Pityriasis rubra pilaris is a rare chronic disorder that causes hyperkeratotic yellowing of the palms and soles and red follicular papules that merge to form red-orange scaling plaques and confluent areas of erythema with islands of normal skin between lesions.

The cause of pityriasis rubra pilaris is unknown.

The 2 most common forms of the disorder are

  • Juvenile classic (characterized by autosomal dominant inheritance and childhood onset)

  • Adult classic (characterized by no apparent inheritance and adult onset)

Atypical (nonclassic) forms exist in both age groups. Sunlight, HIV or another infection, minor trauma, or an autoimmune disorder may trigger a flare-up.


Diagnosis is by clinical appearance and may be supported by biopsy.

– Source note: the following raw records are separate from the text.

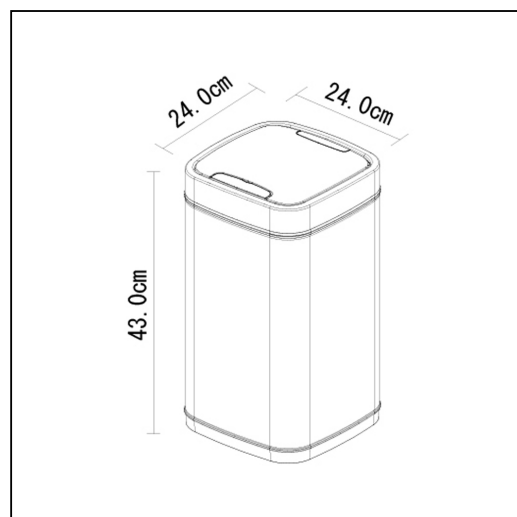

Kosz automatyczny SENSOR, bezdotykowy, kwadratowy, stal matowa 12 l

symbol: KIM503

- wykonany z wysokiej jakości stali o podwyższonej odporności na odkształcenia oraz najwyższej jakości tworzywa sztucznego
- dodatkowo wzmocniony wewnętrzny obręcz z tworzywa sztucznego oraz pełnym, zamkniętym dnem
- powierzchnia kosza zabezpieczona przed pozostawianiem odcisków palców
- kłapa kosza otwierana bezdotykowo, czujnikiem zbliżeniowym, zamykana automatycznie, czas do zamknięcia pokazany na wskaźniku diodowym
- inteligentny, trwały, sterowany elektronicznie mechanizm unoszenia pokrywy z systemem powolnego, cichego zamykania
- możliwość otwarcia pokrywy na stałe - przyciskiem OPEN, zamknięcie przyciskiem CLOSE
- zasilanie elektryczne z 4 baterii R6 umieszczonych w pokrywie kosza (baterie nie są załączone)
- pokrywa z chowanym zaczepem, pozwalającym zawiesić ją na brzegu kosza, co pozwala na wygodny serwis - czyszczenie, wymianę worka
- wyjmowane wewnętrzne wiadro z uchwytami, wykonane z najwyższej jakości tworzywa sztucznego
- wiadro z systemem mocowania worka ukrywającym jego nadmiar - kosz zawsze wygląda schludnie i estetycznie
- uchwyt do wygodnego przenoszenia kosza
- spód zabezpieczony przed zarysowaniem podłogi

Parametry

wysoko	43 cm
szeroko	24 cm
głęboko	24 cm
zasilanie	4 baterie R6

Differential diagnosis includes seborrheic dermatitis (in children) and psoriasis when disease occurs on the scalp, elbows, and knees.


  • Symptom relief (eg, with emollients, topical lactic acid and topical corticosteroids, or oral retinoids)

Treatment is exceedingly difficult and empiric. The disorder may be ameliorated but almost never cured; classic forms of the disorder resolve slowly over 3 yr, whereas nonclassic forms persist. Scaling may be reduced with emollients or 12% lactic acid under occlusive dressing, followed by topical corticosteroids. Oral vitamin A may be effective. Oral acitretin (a retinoid) or methotrexate is an option when a patient is resistant to topical treatment. Other less common oral drugs include cyclosporine, azathioprine, and corticosteroids.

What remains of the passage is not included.